Does the answer change if we take the first (or last, or any) 64-bits of a cryptographic hash like SHA1 instead of Murmur3?
If you had real random, uniformly distributed values, then "slicing" would yield exactly the same results as if you had started with the smaller value right from the start. To see why, consider this very simple example: Let's say your random generator outputs 3 random bits, but you only need one random bit to work with. Let's assume the output is
b1 b2 b3
The possible values are
000, 001, 010, 011, 100, 101, 110, 111
and all are to occur with equal probability of 1/8. Now whatever bit you slice from those three for your purpose - the first, second or third - the probability of having a '1' is always going to be 1/2, regardless of the position - and the same is true for a '0'.
You can easily scale this experiment to the 64 out of 128 bit case: regardless of which bits you slice, the probability of ending up with a one or a zero in a certain position is going to be one half. What this means is that if you had a sample taken from a uniformly distributed random variable, then slicing wouldn't make the probability for collisions more or less likely.
Now a good question is whether random functions are really the best we can do to prevent collisions. But as it turns out, it can be shown that the probability of finding collisions increases whenever a function deviates from random.
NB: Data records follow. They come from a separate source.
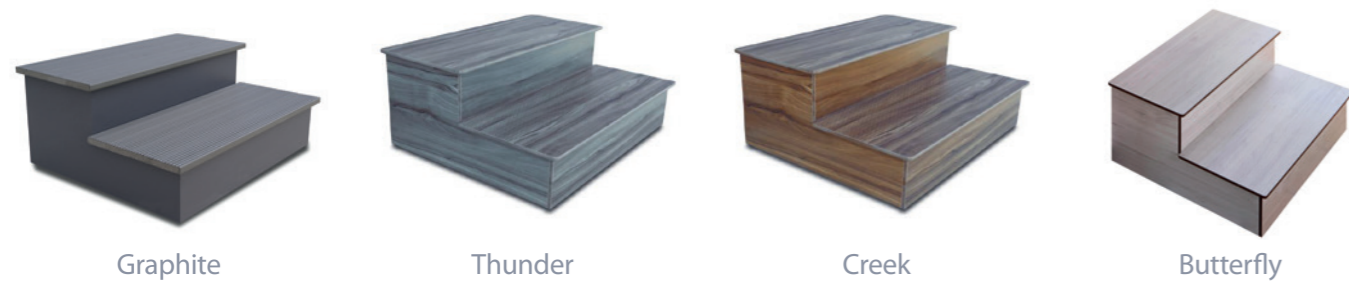

SCALE

IN LEGNO SINTETICO

Graphite

Thunder

Creek

Butterfly

EXCLUSIVE

BASIC

SWIMSPA

Codice	Descrizione	Dimensioni
42002CL0K	Scala in legno sintetico Graphite	72,5 x 59 x 31 cm
42002CL0R	Scala in legno sintetico Thunder	72,5 x 59 x 31 cm
42002CL0T	Scala in legno sintetico Creek	72,5 x 59 x 31 cm
42002CL0W	Scala in legno sintetico Butterfly	72,5 x 59 x 31 cm
70811	Gradino esclusivo Solid Surface	64 x 33 x 20 cm
60194	Scala basic Coastal Grey	72 x 52 x 38 cm
57000CL01	Scala per Swimspa	76 x 137 x 94 cm
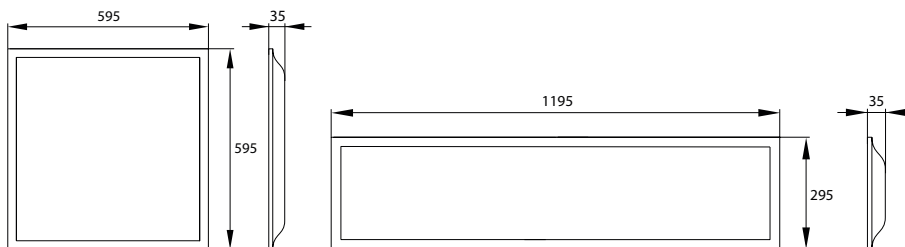

BLS BACKLIGHT SUPERIOR

LED PANEL
LED-LEUCHTENN

MATERIAL ► stop aluminium, tworzywo sztuczne
MATERIAL ► aluminum alloy, plastic
MATERIAL ► aluminiumlegierung, kunststof

- 230V
50Hz
- DF
≥0.9
- 4000K
- CRI
≥80
- 90°
- IK03
- 50000h
- IP20 ↓
IP44 ↑
- +45°C
-10°C

kod	EAN	opakowanie	barwa światła [K]	moc [W]	strumień świetlny [lm]	klasa energetyczna
C72-BLS-066-300-4K-WH-U19	5900280967084	1/6	4000	30	4000	D
C72-BLS-123-300-4K-WH-U19	5900280976277	1/6	4000	30	4000	D
C72-BLS-066-400-4K-WH-U19	5900280958419	1/6	4000	40	5000	D
C72-BLS-123-400-4K-WH-U19	5900280958426	1/6	4000	40	5000	D
C72-BLS-066-500-4K-WH-U19	5900280967107	1/6	4000	50	6100	D
C72-BLS-123-500-4K-WH-U19	5900280967114	1/6	4000	50	6100	D
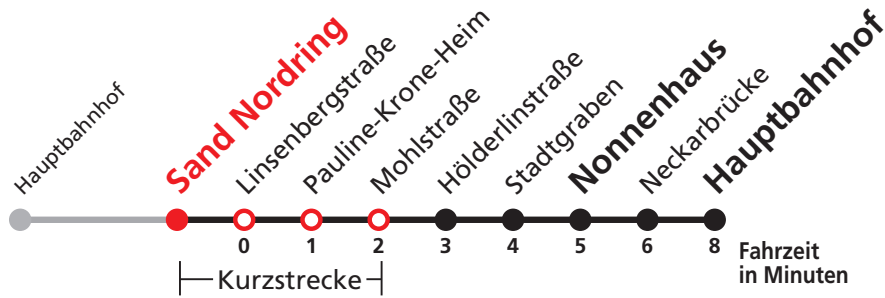

N94

Sand Nordring → Nonnenhaus →
Hauptbahnhof

Stadtwerke Tübingen GmbH, Eisenhutstraße 6, 72072 Tübingen, Tel. 07071/157-157, E-Mail: tuebus@swtue.de Am 24. und 31.12. Verkehr wie samstags Gültig ab 13.12.2020

Uhr	Täglich	Heiligabend (24.12.)	Neujahrsnacht (31.12./01.01.)	Uhr
18		50		18
19		50		19
20		50		20
21		50	50	21
22			50	22
23				23
0	50	50	50	0
1	50	50	50	1
2	50	50	50	2
3	50^{N5}		50	3

N5 verkehrt nur Nächte Do/Fr, Fr/Sa, Sa/So und Nächte vor Feiertagen

Weiterfahrt am Hauptbahnhof als Linie N95.

Sie können sich diesen Aushangfahrplan auch unter www.naldo.de -> Fahrplan in der "Elektronische Fahrplanauskunft EFA" selbst ausdrucken.
Fahrplanauskunft Baden-Württemberg: Tel: 01805-779966
(rund um die Uhr für nur 14 Cent/Minute aus dem deutschen Festnetz, höchstens 42 Cent/Minute aus Mobilnetzen).

Cryptographic hash functions: co-worker #1 wins
The problem in real life is that hash functions are not random at all, on the contrary, they are boringly deterministic. But a design goal of cryptographic hash functions is as follows: if we didn't know their initial state, then their output would be computationally indistinguishable from a real random function, that is there's no computationally efficient way to tell the difference between the hash output and real random values. This is why you'd consider a hash already as kind of broken if you can find a "distinguisher", a method to tell the hash from real random values with a probability higher than one half. Unfortunately, we can't really prove these properties for existing cryptographic hashes, but unless somebody breaks them, we may assume these properties hold with some confidence. Here is an example of a paper about a distinguisher for one of the SHA-3 submissions that illustrates the process.
To summarize, unless a distinguisher is found for a given cryptographic hash, slicing is perfectly fine and does not increase the probability of a collision.
Non-cryptographic hash functions: co-worker #2 might win
Non-cryptographic hashes do not have to satisfy the same set of requirements as cryptographic hashes do. They are usually defined to be very fast and satisfy certain properties "under sane/benevolent conditions", but they might easily fall short if somebody tries to maliciously manipulate them. A good example for what this means in practice is the computational complexity attack on hash table implementations (hashDoS) presented earlier this year. Under normal conditions, non-crypto hashes work perfectly fine, but their collision resistance may be severely undermined by some clever inputs. This can't happen with cryptographic hash functions, because their very definition requires them to be immune to all sorts of clever inputs.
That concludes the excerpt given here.